# Regression: supplementary material

This Notebook contains some additional theory complementing the one covered in [Regression_short.ipynb](Regression_short.ipynb)

## IV. Regression for linear models

### IV.1 Regression for linear models

#### IV.1.1 Fitting a straight line

#### Heteroscedastic error and matrix formalism

For heteroscedastic errors, and even more general regression function, one rather uses a more compact matrix notation.

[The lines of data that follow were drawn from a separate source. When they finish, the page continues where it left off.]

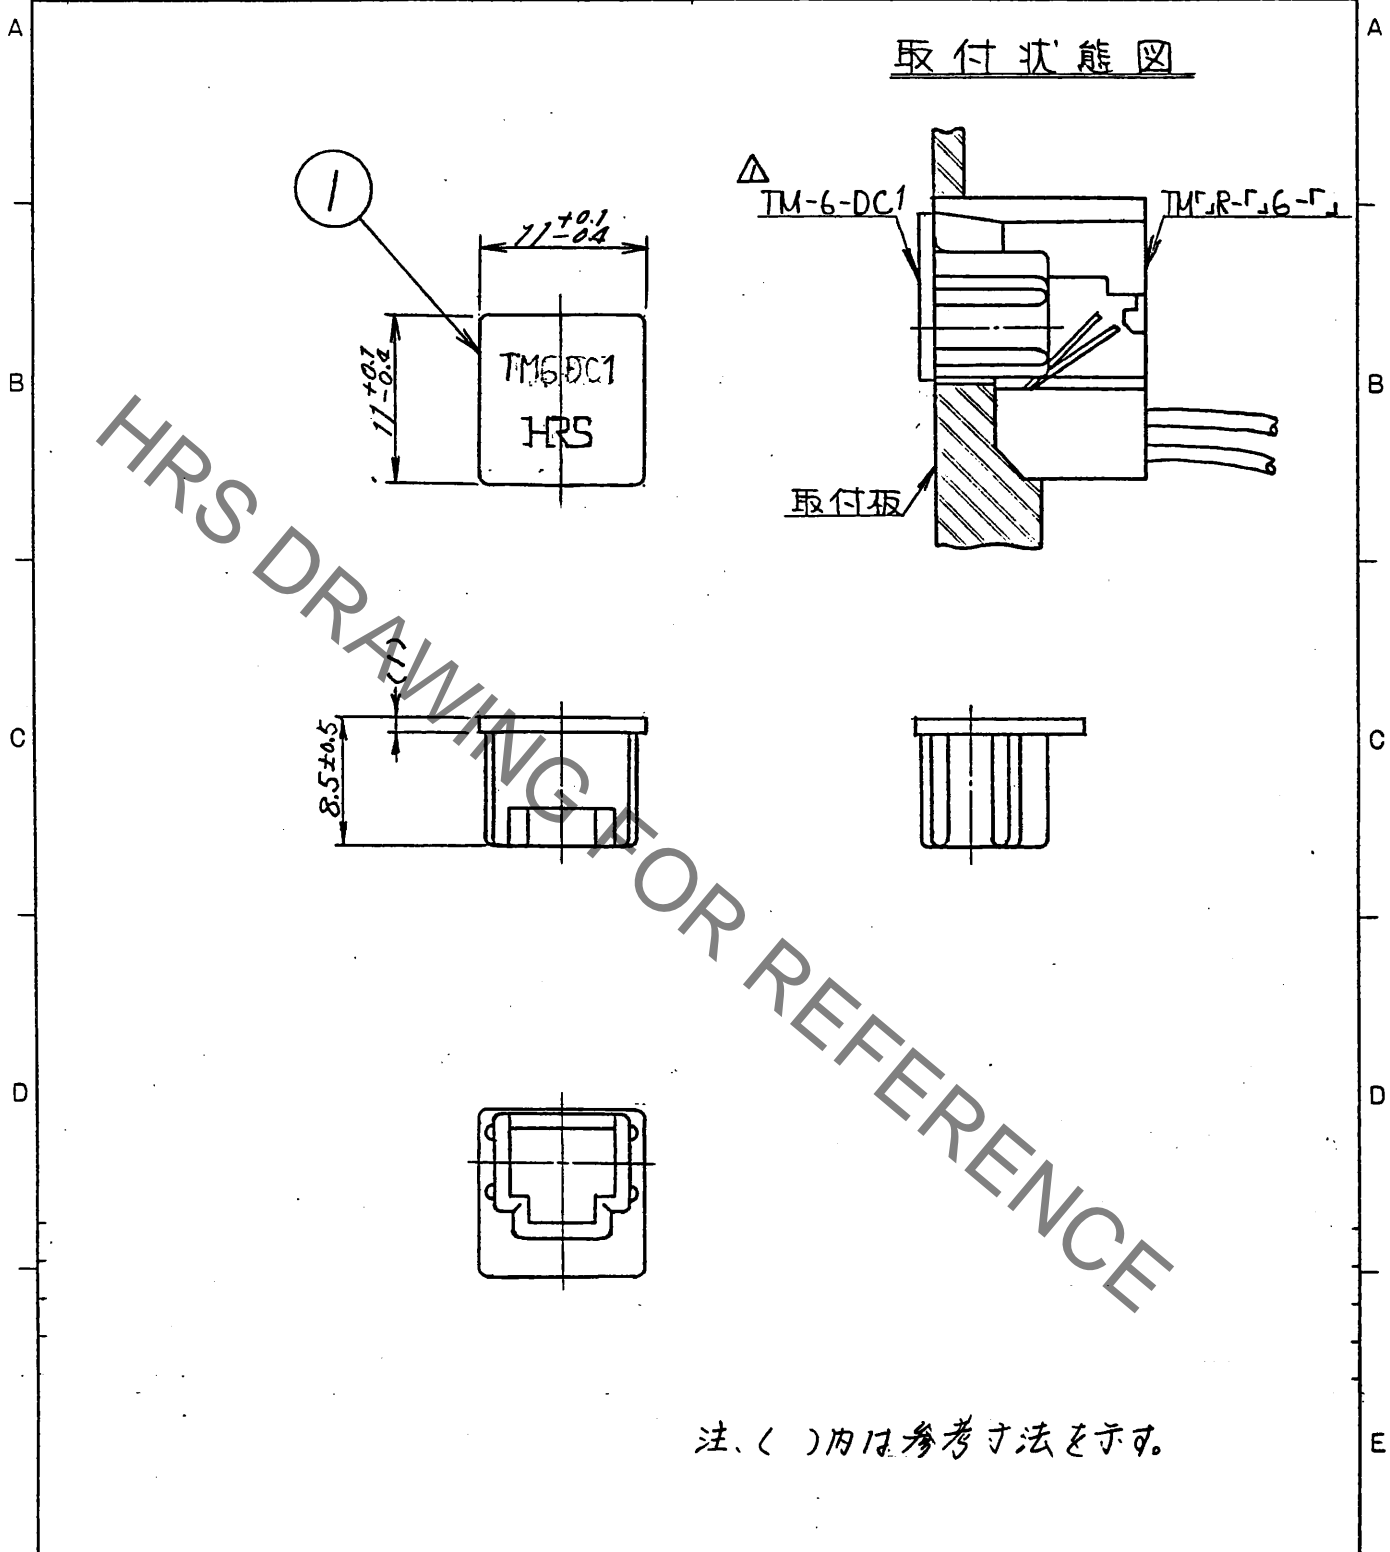

部番	材	質	処	理	備	考	部番	材	質	処	理	備	考
							1	ポリイチレン					
													色:ダークブルー

製図	担当	検図	査閲	承認	出図
森永	渡辺	三輪	中次	中次	

図名	製品名
	TM-6-DC1

旧CL	旧図	図番	尺	度	単	位	製	品	コ	ー	ド
CL	DC4-	ADC4-22875-	2	1	mm		CL	222-1052-3-			

形別記布先
B7C

Our problem consists in finding a solution for: 
$$
y_0 = \theta_0 + \theta_1 \, x_0 + \epsilon_0 \\
y_1 = \theta_0 + \theta_1 \, x_1 + \epsilon_1 \\
... \\
y_{N-1} = \theta_0 + \theta_1 \, x_{N-1} + \epsilon_{N-1}
$$

We can therefore define $M$ (called design matrix) such that $Y = M\,\boldsymbol{\theta} + E$, where $Y$ is a $N$ dimensional vector containing our $y_i$ (i.e. our $N$ points $y_i$):

$$
Y =  \left[ \begin{array}{c}
y_0 \\ y_1  \\ ... \\ y_{N-1} 
 \end{array} \right]   
$$

For our straight line regression, $\boldsymbol{\theta}$ is a vector containing our 2 parameters:

$$
\boldsymbol{\theta} =  \left[ \begin{array}{c}
\theta_0 \\ \theta_1  
 \end{array} \right] ,
$$

$M$ is a $2 \times N$ matrix:

$$
M =  \left[ \begin{array}{cc}
1 & x_0 \\ 1 & x_1  \\ ... \\ 1 & x_{N-1} 
 \end{array} \right], 
$$

where the constant values in the first columns correspond to the constant value $\theta_0$ in our regression. 

And finally, $E$ is 
$$
E =  \left[ \begin{array}{c}
\epsilon_0 \\ \epsilon_1  \\ ... \\ \epsilon_{N-1}  
 \end{array} \right]   
$$

The $\epsilon_i$ are distributed as $N(0, \sigma_i)$, such that the associated $N\times N$ covariance matrix $C$ is:

$$
C =  
 \left[ \begin{array}{cccc}
\sigma_0^2 & 0 & ... & 0 \\ 
0 & \sigma_1^1 & ... & 0 \\ 
... & ... & ... & ... \\
0 & 0 & ... & \sigma_{N-1}^2   
 \end{array} \right] 
$$

Note that the covariance matrix can have non-zero cross terms if there are the errors between data points is correlated, in which case, for $i \neq l$,  $C_{il} = \sigma_{il} \neq 0 $

Then the $\chi^2$, i.e. the weighted sum of the square errors 
$$
\chi^2 \equiv \sum_i \frac{(y_i - (\theta_0+\theta_1\,x_i))^2}{\sigma_i^2}, 
$$
gets written with matrix representation: 
$$
S = (Y - \boldsymbol{\theta} M)^T C^{-1} (Y-\boldsymbol{\theta} M).
$$ 

Similarly to the homoscedastic case, the maximum likelihood solution for this regression is:

$$
\boldsymbol{\theta} = (M^T C^{-1} M)^{-1} \, (M^T C^{-1} Y),
$$

The uncertainties on the regression coefficients $\boldsymbol{\theta}$ are then expressed as the symmetric (covariance) matrix:

$$
\Sigma_\theta = \left[ \begin{array}{cc}
\sigma_{\theta_0}^2 & \sigma_{\theta_0 \theta_1}  \\ 
\sigma_{\theta_0 \theta_1} & \sigma_{\theta_1}^2 \\ 
 \end{array} \right] = [M^T C^{-1} M]^{-1}
$$


### IV.2 Regularization and penalization of the likelihood

It is sometimes desirable to reduce the complexity of the regression model, for example when the likelihood has a complex structure, or when the data are highly correlated such that the matrices become ill conditioned and inversion impossible, or simply when some regions of the parameter space need to be avoided. In such cases, one apply a penalty to the likelihood function. 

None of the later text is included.